Task prompt> Leave the pictures out and repeat the rest of the data below exactly.

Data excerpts
*** Block opens ***
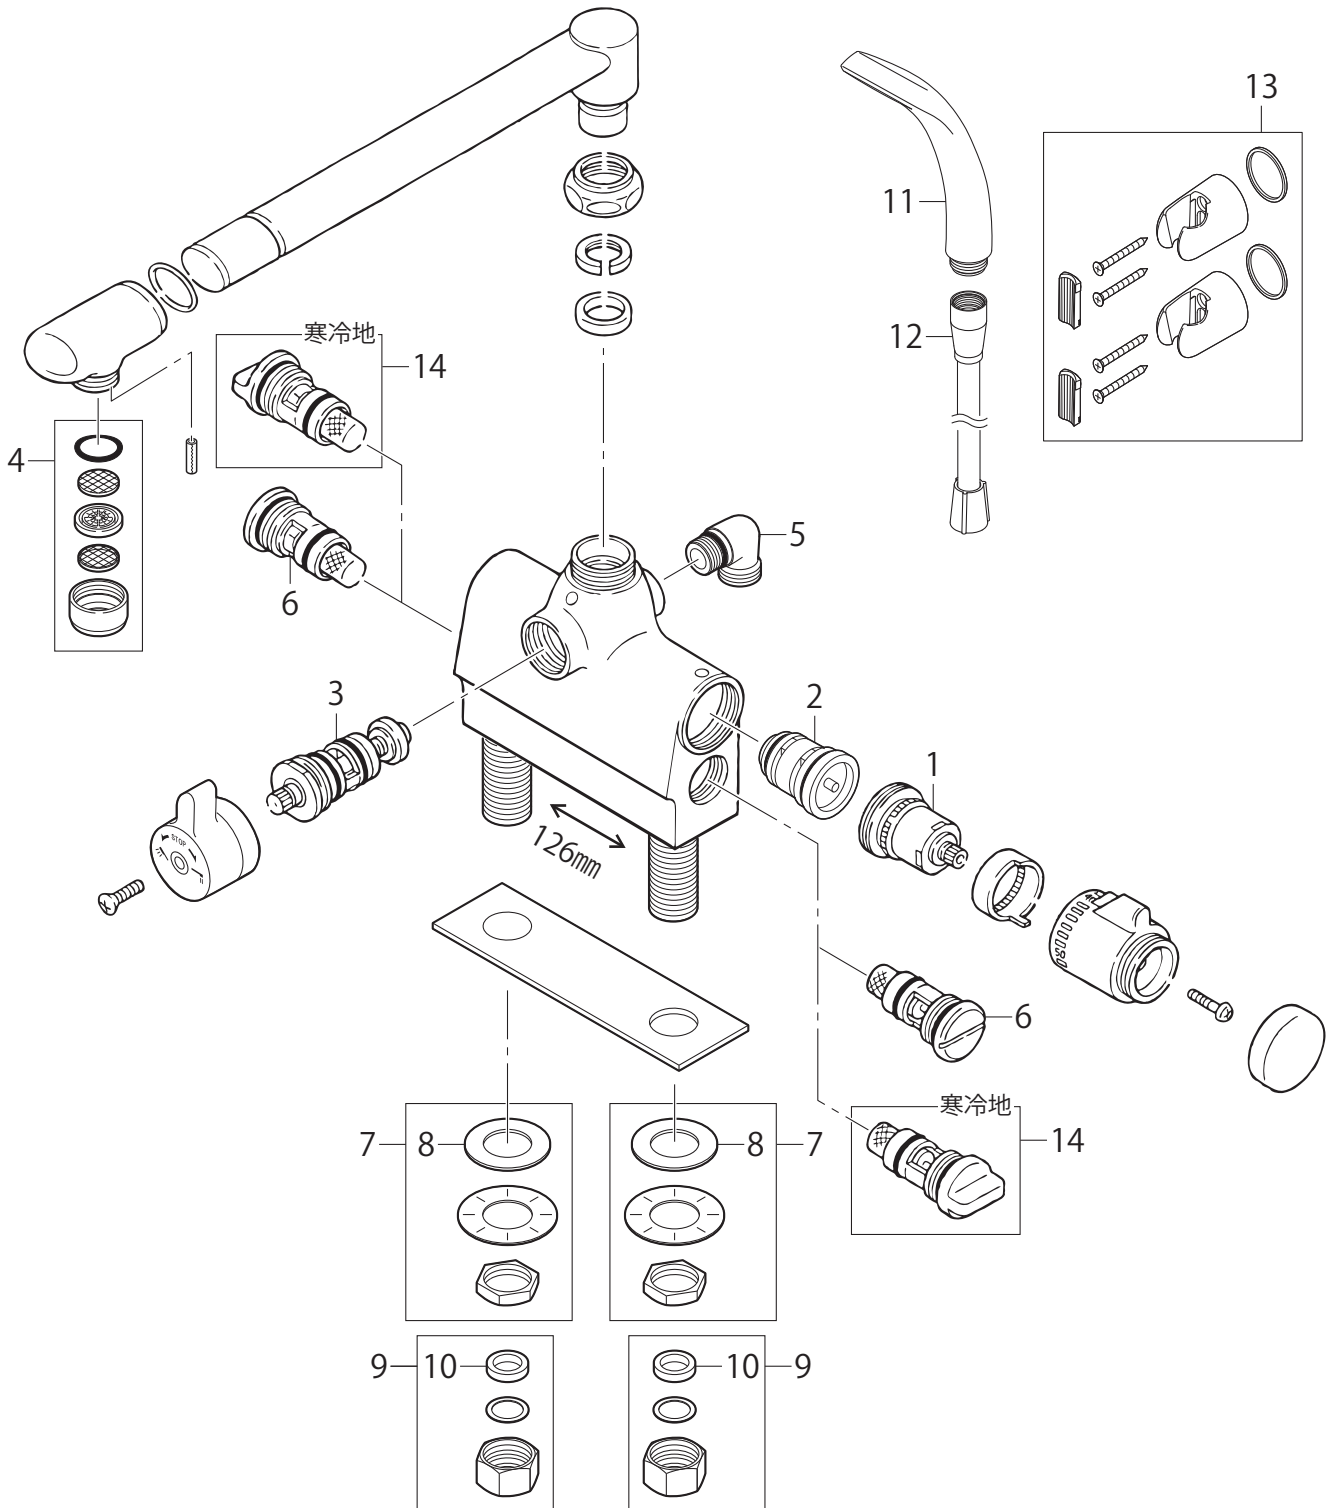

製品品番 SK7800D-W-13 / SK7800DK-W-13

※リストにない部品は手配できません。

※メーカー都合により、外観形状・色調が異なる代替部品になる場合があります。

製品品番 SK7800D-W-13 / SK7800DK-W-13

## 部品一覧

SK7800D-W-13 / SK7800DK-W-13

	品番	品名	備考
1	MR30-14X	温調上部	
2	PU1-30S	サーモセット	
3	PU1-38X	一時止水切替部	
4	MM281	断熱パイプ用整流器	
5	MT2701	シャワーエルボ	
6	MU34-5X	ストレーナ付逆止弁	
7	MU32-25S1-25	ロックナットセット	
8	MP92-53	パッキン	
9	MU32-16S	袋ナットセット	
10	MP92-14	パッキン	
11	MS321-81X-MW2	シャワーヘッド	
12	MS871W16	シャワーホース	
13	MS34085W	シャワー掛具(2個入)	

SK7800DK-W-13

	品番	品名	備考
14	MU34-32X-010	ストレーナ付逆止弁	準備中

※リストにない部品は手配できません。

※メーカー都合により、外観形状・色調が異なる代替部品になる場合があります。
*** Block closes ***
Answer space>
製品品番 SK7800D-W-13 / SK7800DK-W-13

※リストにない部品は手配できません。

※メーカー都合により、外観形状・色調が異なる代替部品になる場合があります。

製品品番 SK7800D-W-13 / SK7800DK-W-13

## 部品一覧

SK7800D-W-13 / SK7800DK-W-13

	品番	品名	備考
1	MR30-14X	温調上部	
2	PU1-30S	サーモセット	
3	PU1-38X	一時止水切替部	
4	MM281	断熱パイプ用整流器	
5	MT2701	シャワーエルボ	
6	MU34-5X	ストレーナ付逆止弁	
7	MU32-25S1-25	ロックナットセット	
8	MP92-53	パッキン	
9	MU32-16S	袋ナットセット	
10	MP92-14	パッキン	
11	MS321-81X-MW2	シャワーヘッド	
12	MS871W16	シャワーホース	
13	MS34085W	シャワー掛具(2個入)	

SK7800DK-W-13

	品番	品名	備考
14	MU34-32X-010	ストレーナ付逆止弁	準備中

※リストにない部品は手配できません。

※メーカー都合により、外観形状・色調が異なる代替部品になる場合があります。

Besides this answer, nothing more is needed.